Thank you Lucia Watson—We will always love you

luciaswinebar-570x382BY ED FELIEN

Don Olson, a notorious Southside radical and anarchist, and a dear friend, once commiserated with me when I was exhausted running Modern Times Café in 1982. His family used to run a restaurant. He said about his parents, “They always worked the B Shift. You had to BE there when it opened. BE there when it closed and BE there in between.”
The restaurant business is a tough business. There’s tremendous satisfaction in feeding people, but there’s also a tremendous responsibility to make sure the food is healthy and well prepared. You have to know your suppliers. You have to take care in the storage and make sure the conditions are sanitary where you prepare the food. Just keeping the refrigerators running and clean sometimes seems like a full-time job.
Lucia Watson did all that and much, much more, and she did it seemingly effortlessly.

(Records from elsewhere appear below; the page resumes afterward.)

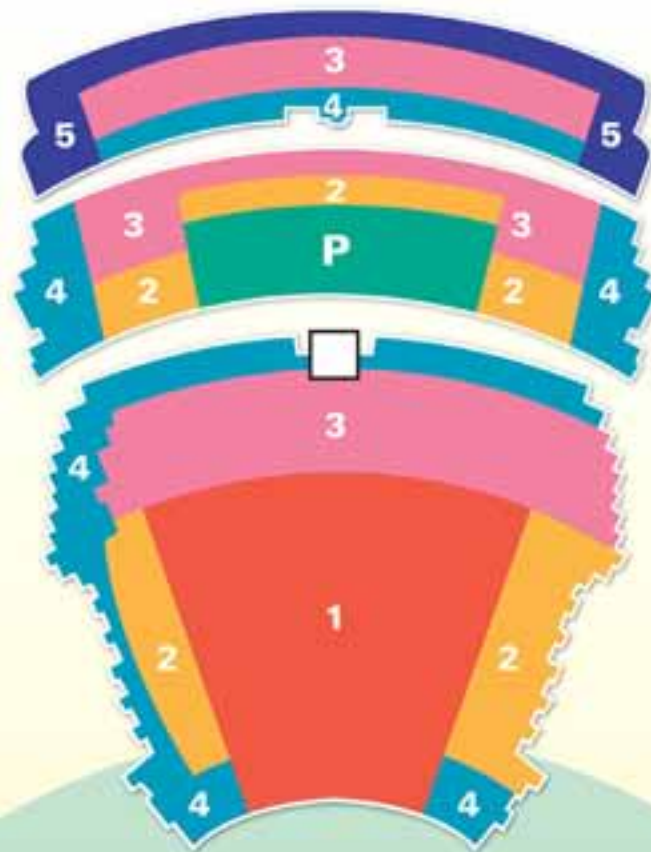

BECOME A
CLASSICAL
SUBSCRIBER TODAY!

Long Beach Performing Arts Center
Terrace Theater
300 E. Ocean Blvd., Long Beach, CA

Order online
or call
(562) 436-3203 ext. 1

Price Level	5-Concert Series
Premier Loge	\$415.00
Level 1	\$387.50
Level 1 Senior/Student*	\$345.00
Level 2	\$325.00
Level 3	\$235.00
Level 3 Senior/Student	\$217.50
Level 4	\$130.00
Level 5	\$110.00

I will never forget the first time I saw Lucia, almost 30 years ago. She was standing by the bar in the restaurant in a long black dress, looking languid and distracted, a little like Ingrid Bergman in Casablanca. Around her the wait people swirled and danced. The food was delicious and impeccably presented. The flowers next to her on the bar were magnificent. Every detail was perfect. And she was the calm eye in the center of the storm.
I remember a dinner at Lucia’s, a Farm to Table benefit event to celebrate the farmers who supplied her food. The staff all wore special Lucia’s T-shirts saying, “We know our farmers better than we know our doctors.” We were seated at a table with some farmers, and one of them began a political discussion that was a bit too reactionary to ignore. I engaged him lightly. The discussion grew moderately serious, then, suddenly there was an activity that required all of us to leave our chairs and table. When we returned to our table I saw my debating partner had been seated somewhere else. I’ll never know how that happened, but it was not too hard to see the fine hand of Lucia Watson waving her magic wand and rearranging the seating to insure that everyone had a pleasant dining experience.
A great artist makes it look easy.
Her legacy is secure. Sapor Cafe and Bar and Wise Acre Eatery are two restaurants run by Lucia’s alumni. I remember more than 20 years ago, our favorite waitperson was a young woman named Tracy Singleton. She left in 1995 to begin Birchwood Café. Her choice to eliminate wait staff seems to me ironic in that her principal training at Lucia’s was as a waitperson. Tracy is on the Homegrown Minneapolis Food Council that promotes local farming. Lucia Watson was for many years the president and guiding force in Youth Farm, a program that taught Minneapolis kids how to grow, harvest and sell produce grown in city lots. After harvest, she’d take a crew into her restaurant and work with them to cook the food.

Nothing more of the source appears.